◆ DATA TO PROCESS
○ ○ ○

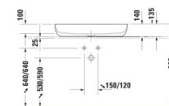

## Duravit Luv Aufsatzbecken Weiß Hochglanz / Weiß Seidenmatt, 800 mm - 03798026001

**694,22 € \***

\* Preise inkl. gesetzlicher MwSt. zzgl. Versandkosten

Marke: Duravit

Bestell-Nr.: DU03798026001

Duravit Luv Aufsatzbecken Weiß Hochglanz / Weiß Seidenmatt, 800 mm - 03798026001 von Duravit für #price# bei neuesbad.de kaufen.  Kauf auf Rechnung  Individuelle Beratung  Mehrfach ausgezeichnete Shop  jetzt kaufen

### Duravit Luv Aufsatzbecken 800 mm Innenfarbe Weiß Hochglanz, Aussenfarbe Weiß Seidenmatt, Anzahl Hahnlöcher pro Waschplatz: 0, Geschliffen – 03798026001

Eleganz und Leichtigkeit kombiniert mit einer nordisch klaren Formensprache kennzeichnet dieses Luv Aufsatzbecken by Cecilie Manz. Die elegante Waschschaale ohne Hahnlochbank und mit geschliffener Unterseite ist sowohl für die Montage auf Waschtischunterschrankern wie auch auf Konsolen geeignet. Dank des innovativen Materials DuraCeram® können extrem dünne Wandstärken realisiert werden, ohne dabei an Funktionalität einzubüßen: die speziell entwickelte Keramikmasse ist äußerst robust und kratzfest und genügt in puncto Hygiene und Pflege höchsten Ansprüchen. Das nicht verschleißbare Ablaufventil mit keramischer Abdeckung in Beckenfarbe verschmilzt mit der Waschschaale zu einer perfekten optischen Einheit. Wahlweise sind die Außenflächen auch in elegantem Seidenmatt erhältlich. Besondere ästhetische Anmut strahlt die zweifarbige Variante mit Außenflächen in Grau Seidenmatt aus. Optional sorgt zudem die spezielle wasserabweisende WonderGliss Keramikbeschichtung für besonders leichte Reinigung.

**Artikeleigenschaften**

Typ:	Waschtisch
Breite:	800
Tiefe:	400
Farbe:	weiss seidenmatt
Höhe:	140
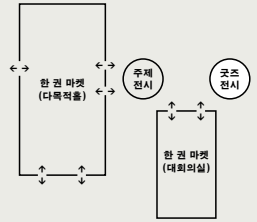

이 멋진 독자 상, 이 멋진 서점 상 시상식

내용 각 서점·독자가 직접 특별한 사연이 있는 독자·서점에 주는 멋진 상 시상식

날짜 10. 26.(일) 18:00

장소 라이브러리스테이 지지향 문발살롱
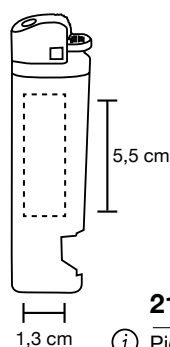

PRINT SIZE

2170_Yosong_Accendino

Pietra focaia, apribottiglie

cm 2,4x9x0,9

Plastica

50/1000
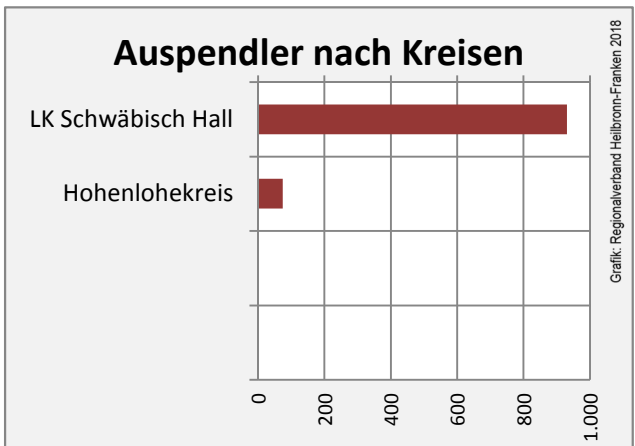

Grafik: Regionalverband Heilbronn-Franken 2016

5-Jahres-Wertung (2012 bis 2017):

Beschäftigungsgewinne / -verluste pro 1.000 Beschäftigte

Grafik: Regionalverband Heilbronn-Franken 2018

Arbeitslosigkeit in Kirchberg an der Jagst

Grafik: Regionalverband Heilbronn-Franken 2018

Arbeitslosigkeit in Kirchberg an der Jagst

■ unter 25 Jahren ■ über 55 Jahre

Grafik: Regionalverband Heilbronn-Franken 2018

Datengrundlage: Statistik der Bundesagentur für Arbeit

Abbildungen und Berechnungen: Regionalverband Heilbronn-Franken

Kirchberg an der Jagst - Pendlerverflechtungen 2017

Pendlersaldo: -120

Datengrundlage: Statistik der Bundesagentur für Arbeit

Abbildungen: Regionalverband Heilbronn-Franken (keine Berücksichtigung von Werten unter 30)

○ ○ ○

◆ WHAT TO WORK ON
An answer is complete only when it holds every line above containing the string "Abbildungen".

◆ ANSWER TO THE EXERCISE
Abbildungen und Berechnungen: Regionalverband Heilbronn-Franken
Abbildungen: Regionalverband Heilbronn-Franken (keine Berücksichtigung von Werten unter 30)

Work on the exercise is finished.